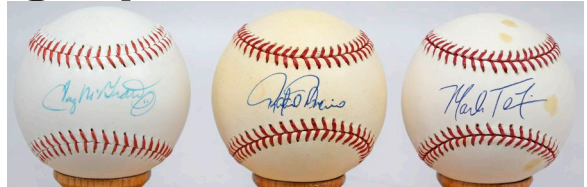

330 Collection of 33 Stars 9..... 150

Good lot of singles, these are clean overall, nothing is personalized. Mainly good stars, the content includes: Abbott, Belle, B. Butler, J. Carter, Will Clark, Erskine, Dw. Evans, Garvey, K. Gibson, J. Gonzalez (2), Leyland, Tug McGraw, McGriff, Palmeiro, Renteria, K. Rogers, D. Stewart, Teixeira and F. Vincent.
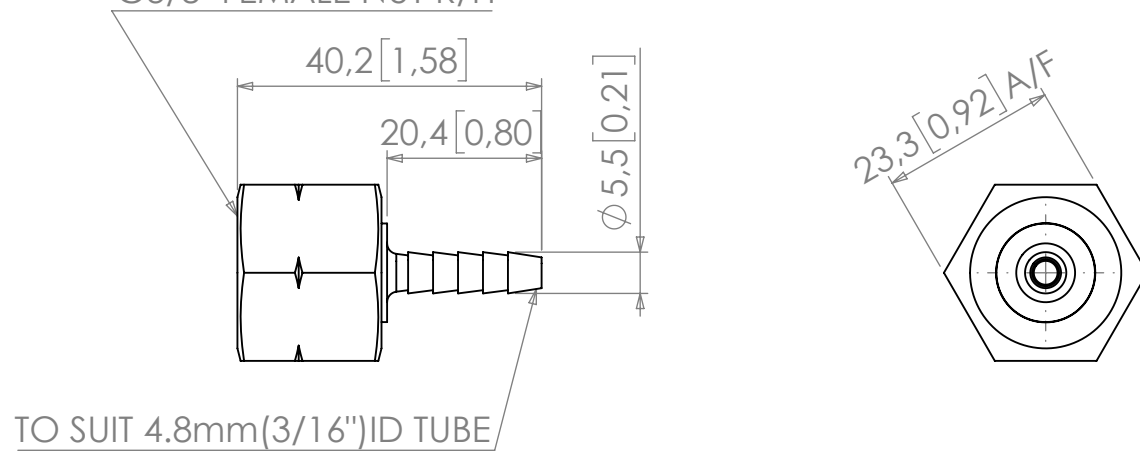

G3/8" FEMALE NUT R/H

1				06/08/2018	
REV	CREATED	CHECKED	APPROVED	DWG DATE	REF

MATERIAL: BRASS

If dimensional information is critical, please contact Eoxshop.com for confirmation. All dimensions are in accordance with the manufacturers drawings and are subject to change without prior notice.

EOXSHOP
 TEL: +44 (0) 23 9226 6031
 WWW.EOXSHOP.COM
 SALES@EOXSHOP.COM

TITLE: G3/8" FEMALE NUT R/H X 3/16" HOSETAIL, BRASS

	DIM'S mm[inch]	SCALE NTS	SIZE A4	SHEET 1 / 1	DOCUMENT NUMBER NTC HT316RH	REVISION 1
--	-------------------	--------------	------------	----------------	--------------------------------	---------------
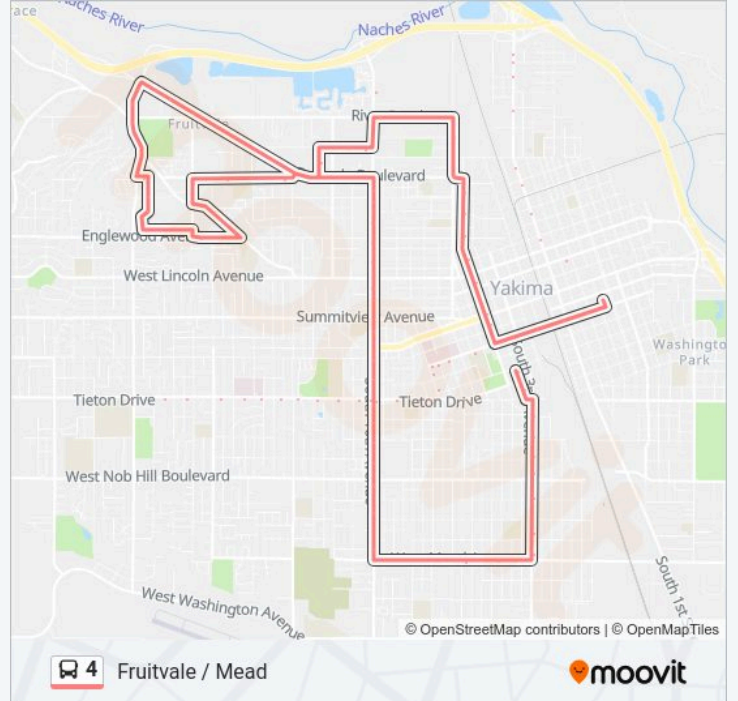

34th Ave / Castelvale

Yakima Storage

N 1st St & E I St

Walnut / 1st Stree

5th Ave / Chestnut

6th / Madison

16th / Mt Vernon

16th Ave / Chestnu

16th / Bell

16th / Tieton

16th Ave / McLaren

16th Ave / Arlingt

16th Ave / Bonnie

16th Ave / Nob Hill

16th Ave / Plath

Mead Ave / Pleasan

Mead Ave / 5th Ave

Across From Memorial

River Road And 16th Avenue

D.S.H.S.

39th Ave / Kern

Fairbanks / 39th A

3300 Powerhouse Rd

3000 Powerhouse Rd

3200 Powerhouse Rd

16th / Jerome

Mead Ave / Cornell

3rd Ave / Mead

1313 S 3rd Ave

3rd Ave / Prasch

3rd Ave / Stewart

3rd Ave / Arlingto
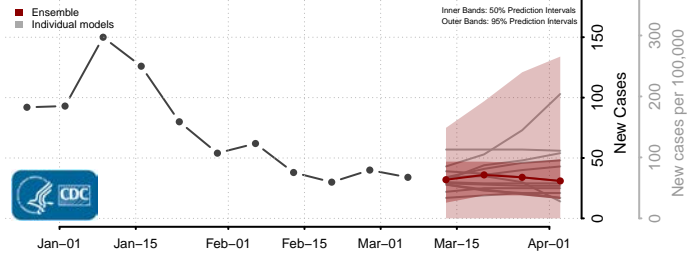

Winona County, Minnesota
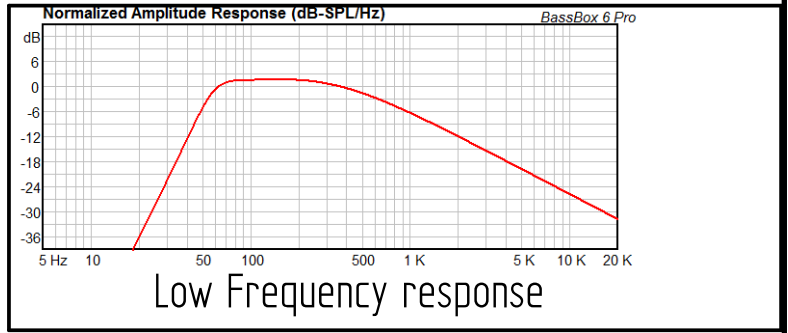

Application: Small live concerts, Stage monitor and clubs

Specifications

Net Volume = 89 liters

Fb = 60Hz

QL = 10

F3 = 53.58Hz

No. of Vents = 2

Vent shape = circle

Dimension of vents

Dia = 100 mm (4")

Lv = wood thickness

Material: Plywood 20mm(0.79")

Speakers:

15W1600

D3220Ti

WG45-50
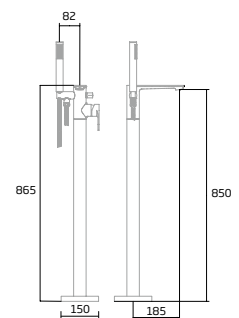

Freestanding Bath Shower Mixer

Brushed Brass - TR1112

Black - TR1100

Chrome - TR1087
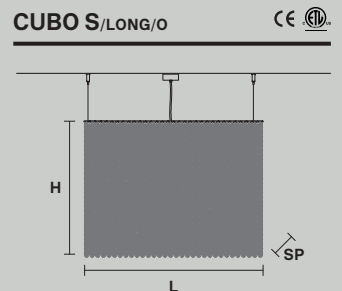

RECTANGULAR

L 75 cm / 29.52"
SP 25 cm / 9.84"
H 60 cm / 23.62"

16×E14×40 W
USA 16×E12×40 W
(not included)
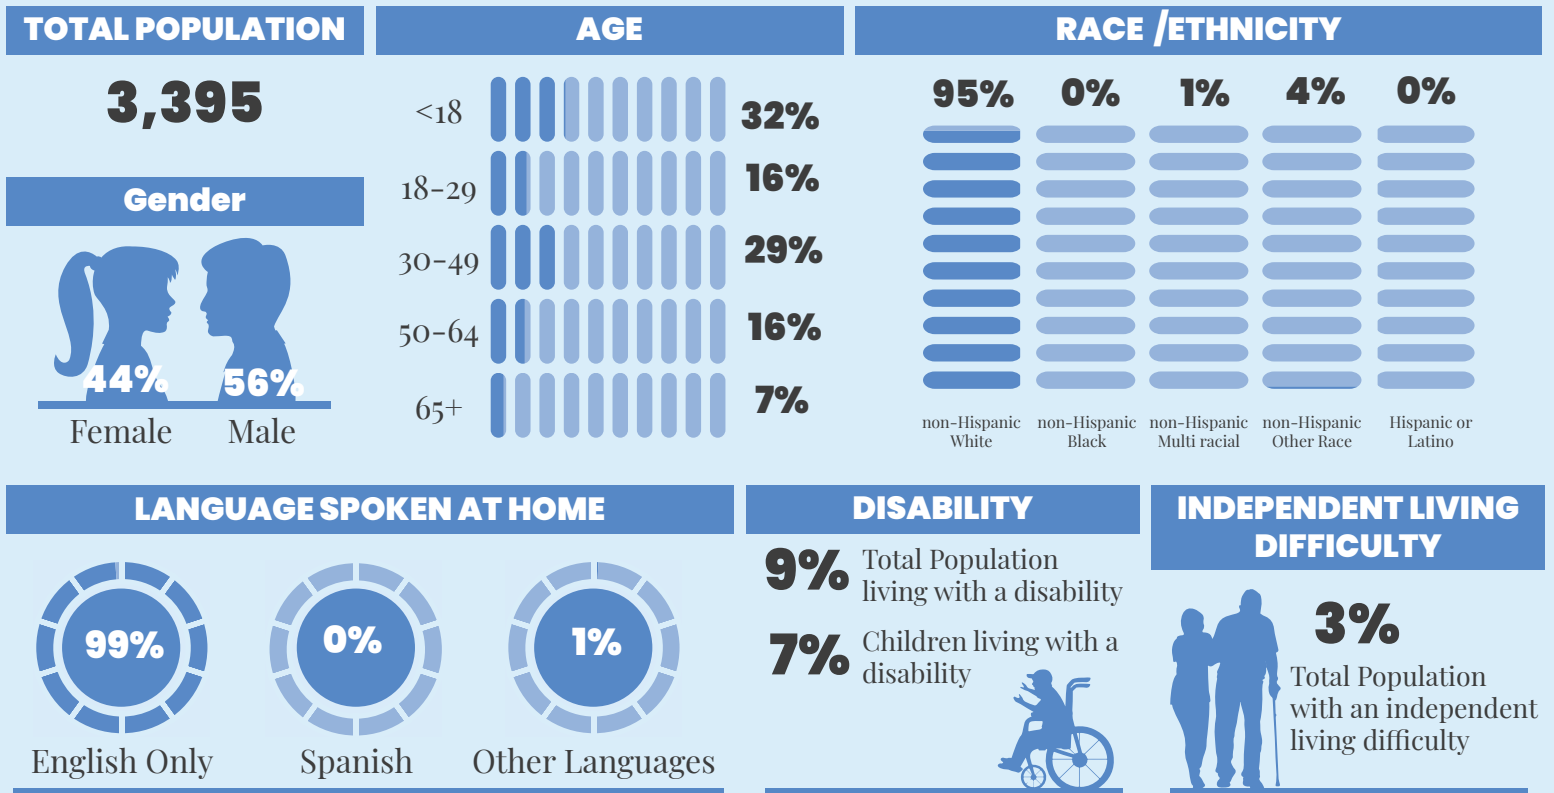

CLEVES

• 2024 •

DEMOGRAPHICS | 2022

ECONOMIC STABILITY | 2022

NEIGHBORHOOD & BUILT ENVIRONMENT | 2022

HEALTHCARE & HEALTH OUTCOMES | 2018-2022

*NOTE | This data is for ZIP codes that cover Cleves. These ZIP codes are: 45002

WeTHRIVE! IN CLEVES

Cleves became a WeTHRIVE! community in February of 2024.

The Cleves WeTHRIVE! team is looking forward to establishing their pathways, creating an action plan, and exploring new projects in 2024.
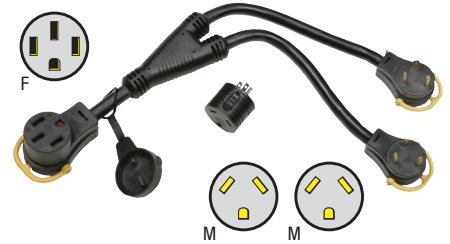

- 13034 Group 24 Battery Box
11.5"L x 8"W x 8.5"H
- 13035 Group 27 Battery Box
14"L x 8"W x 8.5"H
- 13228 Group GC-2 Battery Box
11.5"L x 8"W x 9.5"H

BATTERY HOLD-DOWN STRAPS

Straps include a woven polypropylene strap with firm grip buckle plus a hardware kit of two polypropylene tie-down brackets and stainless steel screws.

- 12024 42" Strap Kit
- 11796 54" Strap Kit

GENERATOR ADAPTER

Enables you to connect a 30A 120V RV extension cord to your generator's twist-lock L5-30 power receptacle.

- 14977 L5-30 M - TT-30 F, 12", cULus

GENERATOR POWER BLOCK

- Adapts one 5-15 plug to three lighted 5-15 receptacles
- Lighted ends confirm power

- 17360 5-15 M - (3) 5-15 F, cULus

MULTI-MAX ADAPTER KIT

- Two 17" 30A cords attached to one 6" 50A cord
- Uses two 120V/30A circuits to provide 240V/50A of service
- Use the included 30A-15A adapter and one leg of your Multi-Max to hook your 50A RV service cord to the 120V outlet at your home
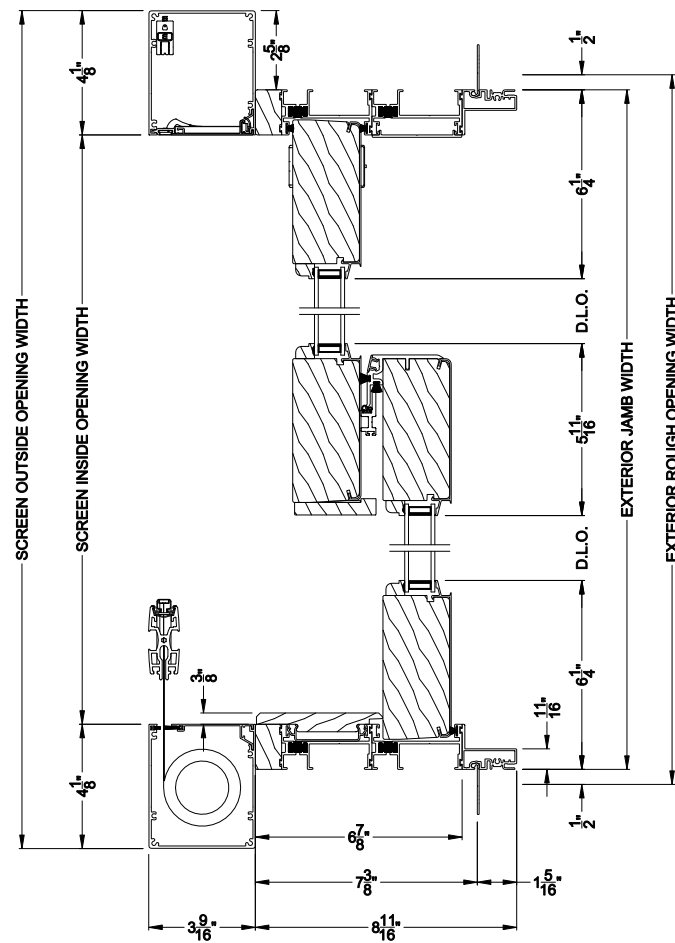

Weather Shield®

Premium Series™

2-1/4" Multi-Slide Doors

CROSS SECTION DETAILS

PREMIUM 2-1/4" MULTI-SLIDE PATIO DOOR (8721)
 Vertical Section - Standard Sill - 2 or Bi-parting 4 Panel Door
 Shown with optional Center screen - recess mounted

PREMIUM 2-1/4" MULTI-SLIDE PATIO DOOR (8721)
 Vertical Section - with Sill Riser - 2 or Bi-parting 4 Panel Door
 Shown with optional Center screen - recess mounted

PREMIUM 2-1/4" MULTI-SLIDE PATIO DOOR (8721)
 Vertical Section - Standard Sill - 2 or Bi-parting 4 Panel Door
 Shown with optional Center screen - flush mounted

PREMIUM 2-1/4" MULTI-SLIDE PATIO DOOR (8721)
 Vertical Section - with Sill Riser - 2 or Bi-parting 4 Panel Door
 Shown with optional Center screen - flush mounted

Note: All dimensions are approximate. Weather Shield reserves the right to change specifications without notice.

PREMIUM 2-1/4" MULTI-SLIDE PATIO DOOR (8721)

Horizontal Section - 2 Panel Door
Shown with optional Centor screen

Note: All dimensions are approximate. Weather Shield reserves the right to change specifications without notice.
+===+
PROMPT: With the images omitted, return the full material exactly.

RESULT OF THE EXERCISE:
330 Collection of 33 Stars 9..... 150

Good lot of singles, these are clean overall, nothing is personalized. Mainly good stars, the content includes: Abbott, Belle, B. Butler, J. Carter, Will Clark, Erskine, Dw. Evans, Garvey, K. Gibson, J. Gonzalez (2), Leyland, Tug McGraw, McGriff, Palmeiro, Renteria, K. Rogers, D. Stewart, Teixeira and F. Vincent.

G3/8" FEMALE NUT R/H

1				06/08/2018	
REV	CREATED	CHECKED	APPROVED	DWG DATE	REF

MATERIAL: BRASS

If dimensional information is critical, please contact Eoxshop.com for confirmation. All dimensions are in accordance with the manufacturers drawings and are subject to change without prior notice.

EOXSHOP
 TEL: +44 (0) 23 9226 6031
 WWW.EOXSHOP.COM
 SALES@EOXSHOP.COM

TITLE: G3/8" FEMALE NUT R/H X 3/16" HOSETAIL, BRASS

	DIM'S mm[inch]	SCALE NTS	SIZE A4	SHEET 1 / 1	DOCUMENT NUMBER NTC HT316RH	REVISION 1
--	-------------------	--------------	------------	----------------	--------------------------------	---------------

34th Ave / Castelvale

Yakima Storage

N 1st St & E I St

Walnut / 1st Stree

5th Ave / Chestnut

6th / Madison

16th / Mt Vernon

16th Ave / Chestnu

16th / Bell

16th / Tieton

16th Ave / McLaren

16th Ave / Arlingt

16th Ave / Bonnie

16th Ave / Nob Hill

16th Ave / Plath

Mead Ave / Pleasan

Mead Ave / 5th Ave

Across From Memorial

River Road And 16th Avenue

D.S.H.S.

39th Ave / Kern

Fairbanks / 39th A

3300 Powerhouse Rd

3000 Powerhouse Rd

3200 Powerhouse Rd

16th / Jerome

Mead Ave / Cornell

3rd Ave / Mead

1313 S 3rd Ave

3rd Ave / Prasch

3rd Ave / Stewart

3rd Ave / Arlingto

Winona County, Minnesota

Application: Small live concerts, Stage monitor and clubs

Specifications

Net Volume = 89 liters

Fb = 60Hz

QL = 10

F3 = 53.58Hz

No. of Vents = 2

Vent shape = circle

Dimension of vents

Dia = 100 mm (4")

Lv = wood thickness

Material: Plywood 20mm(0.79")

Speakers:

15W1600

D3220Ti

WG45-50

Freestanding Bath Shower Mixer

Brushed Brass - TR1112

Black - TR1100

Chrome - TR1087

RECTANGULAR

L 75 cm / 29.52"
SP 25 cm / 9.84"
H 60 cm / 23.62"

16×E14×40 W
USA 16×E12×40 W
(not included)

CLEVES

• 2024 •

DEMOGRAPHICS | 2022

ECONOMIC STABILITY | 2022

NEIGHBORHOOD & BUILT ENVIRONMENT | 2022

HEALTHCARE & HEALTH OUTCOMES | 2018-2022

*NOTE | This data is for ZIP codes that cover Cleves. These ZIP codes are: 45002

WeTHRIVE! IN CLEVES

Cleves became a WeTHRIVE! community in February of 2024.

The Cleves WeTHRIVE! team is looking forward to establishing their pathways, creating an action plan, and exploring new projects in 2024.

- 13034 Group 24 Battery Box
11.5"L x 8"W x 8.5"H
- 13035 Group 27 Battery Box
14"L x 8"W x 8.5"H
- 13228 Group GC-2 Battery Box
11.5"L x 8"W x 9.5"H

BATTERY HOLD-DOWN STRAPS

Straps include a woven polypropylene strap with firm grip buckle plus a hardware kit of two polypropylene tie-down brackets and stainless steel screws.

- 12024 42" Strap Kit
- 11796 54" Strap Kit

GENERATOR ADAPTER

Enables you to connect a 30A 120V RV extension cord to your generator's twist-lock L5-30 power receptacle.

- 14977 L5-30 M - TT-30 F, 12", cULus

GENERATOR POWER BLOCK

- Adapts one 5-15 plug to three lighted 5-15 receptacles
- Lighted ends confirm power

- 17360 5-15 M - (3) 5-15 F, cULus

MULTI-MAX ADAPTER KIT

- Two 17" 30A cords attached to one 6" 50A cord
- Uses two 120V/30A circuits to provide 240V/50A of service
- Use the included 30A-15A adapter and one leg of your Multi-Max to hook your 50A RV service cord to the 120V outlet at your home

Weather Shield®

Premium Series™

2-1/4" Multi-Slide Doors

CROSS SECTION DETAILS

PREMIUM 2-1/4" MULTI-SLIDE PATIO DOOR (8721)
 Vertical Section - Standard Sill - 2 or Bi-parting 4 Panel Door
 Shown with optional Center screen - recess mounted

PREMIUM 2-1/4" MULTI-SLIDE PATIO DOOR (8721)
 Vertical Section - with Sill Riser - 2 or Bi-parting 4 Panel Door
 Shown with optional Center screen - recess mounted

PREMIUM 2-1/4" MULTI-SLIDE PATIO DOOR (8721)
 Vertical Section - Standard Sill - 2 or Bi-parting 4 Panel Door
 Shown with optional Center screen - flush mounted

PREMIUM 2-1/4" MULTI-SLIDE PATIO DOOR (8721)
 Vertical Section - with Sill Riser - 2 or Bi-parting 4 Panel Door
 Shown with optional Center screen - flush mounted

Note: All dimensions are approximate. Weather Shield reserves the right to change specifications without notice.

PREMIUM 2-1/4" MULTI-SLIDE PATIO DOOR (8721)

Horizontal Section - 2 Panel Door
Shown with optional Centor screen

Note: All dimensions are approximate. Weather Shield reserves the right to change specifications without notice.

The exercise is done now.